# LHD Lights for TWO SMART for TWO 450: YEAR 2001 2 CARS



## nandnjudge2

I wonder if anyone can help me and if not please recommend me to some one else anywhere in Europe that can help or let me have some contact details so that I can make the next moveIf possible I would like some second hand units. There might be someone out there that lives outside the UK that is thinking to return back that is looking for UK compliant lights. 

I live in Portugal and recently bought 2 Smart cars from the UK, both LHD but with RHD configured front lights

Both cars have recently failed the MOT in Portugal because the lights did not conform to Portugal (non UK) lighting requirements, ie. Light beams not correct direction.

I understand that on both cars the light units will need to be replaced in their entirety 

Anyone that knows anything about 2001 Smart Cars will know in that year there was two different design lighting units in my case I need to find one set of each design.

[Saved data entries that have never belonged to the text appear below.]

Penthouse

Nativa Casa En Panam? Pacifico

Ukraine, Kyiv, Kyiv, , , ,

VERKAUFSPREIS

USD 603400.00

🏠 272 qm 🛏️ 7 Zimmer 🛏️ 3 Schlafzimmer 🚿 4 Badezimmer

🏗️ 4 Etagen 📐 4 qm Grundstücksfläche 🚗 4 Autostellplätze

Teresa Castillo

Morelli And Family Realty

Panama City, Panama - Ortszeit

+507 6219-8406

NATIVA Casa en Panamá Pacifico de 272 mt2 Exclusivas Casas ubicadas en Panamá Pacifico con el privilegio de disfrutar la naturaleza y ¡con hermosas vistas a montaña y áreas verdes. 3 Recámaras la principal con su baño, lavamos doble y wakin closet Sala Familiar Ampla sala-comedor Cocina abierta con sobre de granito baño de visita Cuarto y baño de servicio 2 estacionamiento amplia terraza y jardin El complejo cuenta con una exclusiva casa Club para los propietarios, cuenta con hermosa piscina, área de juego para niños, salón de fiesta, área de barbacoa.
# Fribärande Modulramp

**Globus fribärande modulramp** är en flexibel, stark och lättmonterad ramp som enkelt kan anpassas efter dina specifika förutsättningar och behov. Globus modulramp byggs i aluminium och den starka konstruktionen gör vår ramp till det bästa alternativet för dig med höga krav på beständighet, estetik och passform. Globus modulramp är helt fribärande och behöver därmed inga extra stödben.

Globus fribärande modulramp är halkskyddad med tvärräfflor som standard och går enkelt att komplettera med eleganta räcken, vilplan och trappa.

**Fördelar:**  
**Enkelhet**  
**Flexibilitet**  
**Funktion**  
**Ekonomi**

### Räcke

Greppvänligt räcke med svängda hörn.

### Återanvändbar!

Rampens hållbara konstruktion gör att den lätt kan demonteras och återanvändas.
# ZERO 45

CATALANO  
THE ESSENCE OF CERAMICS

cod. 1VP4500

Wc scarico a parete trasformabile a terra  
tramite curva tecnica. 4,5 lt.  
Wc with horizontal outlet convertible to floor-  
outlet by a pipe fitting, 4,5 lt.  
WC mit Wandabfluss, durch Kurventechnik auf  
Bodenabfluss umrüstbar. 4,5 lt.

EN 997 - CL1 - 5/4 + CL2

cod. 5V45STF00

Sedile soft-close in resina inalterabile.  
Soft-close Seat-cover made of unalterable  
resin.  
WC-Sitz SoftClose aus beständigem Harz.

The rear lights are no problem; it was just a question of switching around a few bulbs and mowing the Fog Light from the right to the left. 

Many thanks in advance


----------



## canoeman

You only need to change internal reflectors try here car spares rochford essex car parts Autoglym Beam Deflectors Cassette Box Demon Shine  Dvd’s Haynes Manuals K-Seal Meguiars Mer Polish Number Plates Photo Blocker Quik Steel Seal up Towbars Tools Snow chains Wheel Trim,Discount auto parts - Domestic  or Smart dealer here, you might also need to change rear light cluster so fog and reversing lights are on correct side, ah see you've sorted that.


----------



## nandnjudge2

Hello Canoeman

Thanks for responding so soon, I will follow that lead up, the problem is everyone tells me something different. I have already contacted that lead and I am waiting to hear from them. A visit to the local Smart dealer may be the answer as you have suggested.

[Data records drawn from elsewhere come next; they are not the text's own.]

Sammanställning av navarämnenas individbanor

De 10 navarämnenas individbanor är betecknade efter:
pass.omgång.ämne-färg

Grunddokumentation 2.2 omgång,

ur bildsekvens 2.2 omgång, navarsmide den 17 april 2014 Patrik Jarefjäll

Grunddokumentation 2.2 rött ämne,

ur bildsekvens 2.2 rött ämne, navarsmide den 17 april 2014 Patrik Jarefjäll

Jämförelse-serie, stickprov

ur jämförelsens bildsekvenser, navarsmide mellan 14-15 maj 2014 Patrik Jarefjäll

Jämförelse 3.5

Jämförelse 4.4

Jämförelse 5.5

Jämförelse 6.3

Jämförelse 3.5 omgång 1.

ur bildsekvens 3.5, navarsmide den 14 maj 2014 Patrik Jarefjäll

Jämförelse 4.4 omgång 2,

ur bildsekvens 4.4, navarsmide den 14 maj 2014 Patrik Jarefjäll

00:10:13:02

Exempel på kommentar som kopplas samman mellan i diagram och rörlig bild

Thank you so much for your help


----------



## canoeman

Peanut style headlights use internal deflectors to shape and bend beam, so it's only deflector that needs replacing, oblong requires whole unit replacing.


----------



## nandnjudge2

canoeman said:


> Peanut style headlights use internal deflectors to shape and bend beam, so it's only deflector that needs replacing, oblong requires whole unit replacing.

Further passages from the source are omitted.